**TASK DIRECTIONS**
Find each line below that includes "feeling", then copy it.

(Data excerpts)
▼
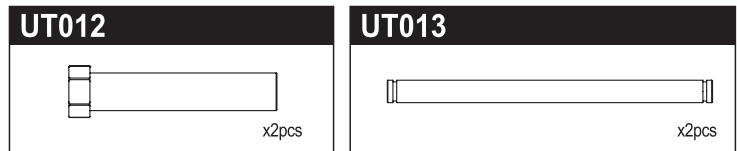

ULTIMA Parts List

UT001	Bulkhead Set (ULTIMA)	バルクヘッドセット (アルティマ)	700
UT002	Gear Box (ULTIMA)	ギアボックス (アルティマ)	750
UT003	Wing Stay (ULTIMA)	ウイングステー (アルティマ)	800
UT004	Suspension Arm Set (ULTIMA)	サスペンションアームセット (アルティマ)	600
UT006	Servo Saver Set (ULTIMA)	サーボセーバーセット (アルティマ)	1500
UT007	Radio Plate Set (ULTIMA)	メカプレートセット (アルティマ)	1100
UT008	Diff Gear Case & Pulley (ULTIMA)	デフギアケース&プーリー (アルティマ)	800
UT009S	Motor Plate (ULTIMA)	モータープレート (アルティマ)	1100
UT010S	Main Chassis (Silver/ULTIMA)	メインシャーシ (シルバー/アルティマ)	4500
UT011S	Motor Guard (Silver/ULTIMA)	モーターガード (シルバー/アルティマ)	1300

★ 定価 (税抜き)
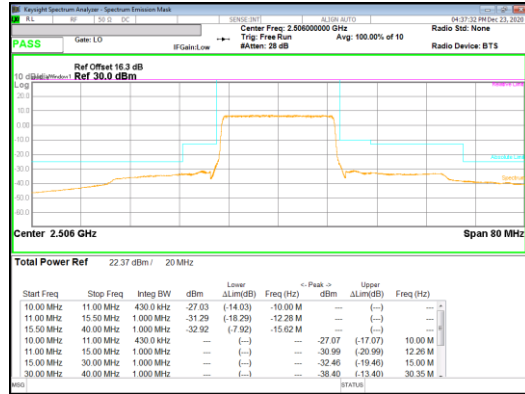

LTE Band 41

Band 41
 20MHz
 QPSK

QPSK Low channel FRB

QPSK Low channel 1RB_Offset Low

QPSK Low channel 1RB_Offset High

QPSK Mid channel 1RB_Offset Low

QPSK Mid channel FRB

QPSK Mid channel 1RB_Offset High

Band 41
 20MHz
 QPSK

QPSK High channel FRB

QPSK High channel 1RB_Offset Low

QPSK High channel 1RB_Offset High

Band 41
 20MHz
 16QAM

16QAM Low channel FRB

16QAM Low channel 1RB_Offset Low

16QAM Low channel 1RB_Offset High
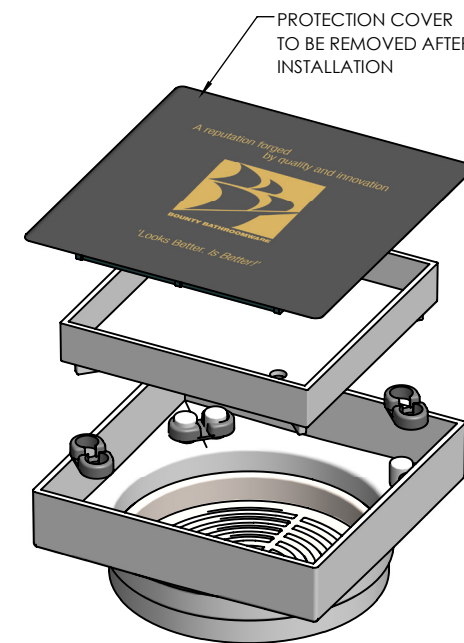

Available Finishes
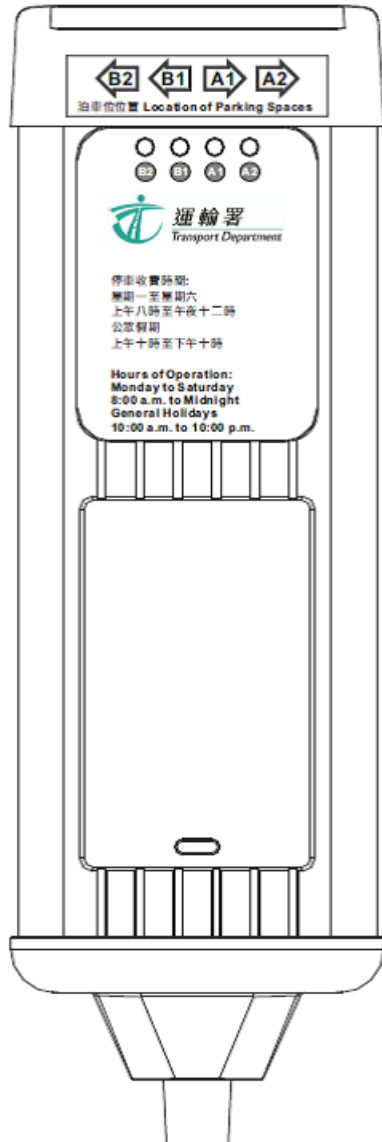

新停車收費錶的提示標記
Advisory Marks of New Parking Meter

- (i) 在收費停車位旁 (Next to metered parking spaces)

(ii) 在新停車收費錶背面 (At the rear side of new parking meter)

四泊位新停車收費錶
Quad-bay new parking meter

雙泊位新停車收費錶
Dual-bay new parking meter
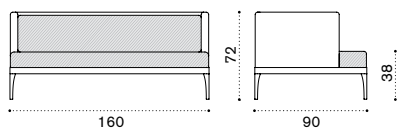

Infinity

Collection composed of: 3 seater sofa / lounge armchair / coffee table / modular sofa / pouf / daybed / sun lounger.

Material

Lightwick Warmgrey + Aluminium Warmgrey

Lightwick Warmwhite + Aluminium Warmwhite

3 seater sofa

→ 49

Item

- IFD3D44W22
- IFD3D43W23

Description

Alu. + lightwick warmgrey
Alu. + lightwick warmwhite

- IFCUD3AW24
- IFCUD3AW25
- COVER233

Cushions, (seat+back), nature grey
Cushions, (seat+back), nature white
Rain cover 161 x 91 h71
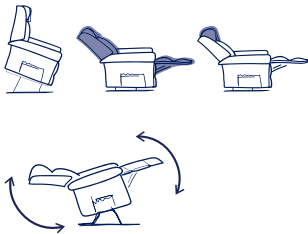

## Dual Action

The Monet Dual Action offers independent headrest function along with recline and tilt. The heating function provides warmth and comfort during the colder months whilst Zero Gravity tilt-in-space positioning creates a feeling of weightlessness and promotes pressure redistribution.

## Features & Benefits

- **Independent Adjustable Headrest** improves comfort whilst watching TV or reading a book.
- **Integrated Lift and Recline** functions for easy sit-to-stand.
- **Extending Legrest** supports more of the lower legs for enhanced comfort.
- **Heating Function** within the backrest provides warmth and comfort during the colder months.
- **Zero Gravity** tilt-in-space positioning creates a feeling of weightlessness and promotes pressure redistribution.
- **Backlit Hand Control** with integrated USB charging point.
- **Lithium Ion Battery Backup** ensures chair can be used in the event of a power outage or if moved between rooms during the day.
▲
**YOUR RESPONSE**
The Monet Dual Action offers independent headrest function along with recline and tilt. The heating function provides warmth and comfort during the colder months whilst Zero Gravity tilt-in-space positioning creates a feeling of weightlessness and promotes pressure redistribution.
- **Zero Gravity** tilt-in-space positioning creates a feeling of weightlessness and promotes pressure redistribution.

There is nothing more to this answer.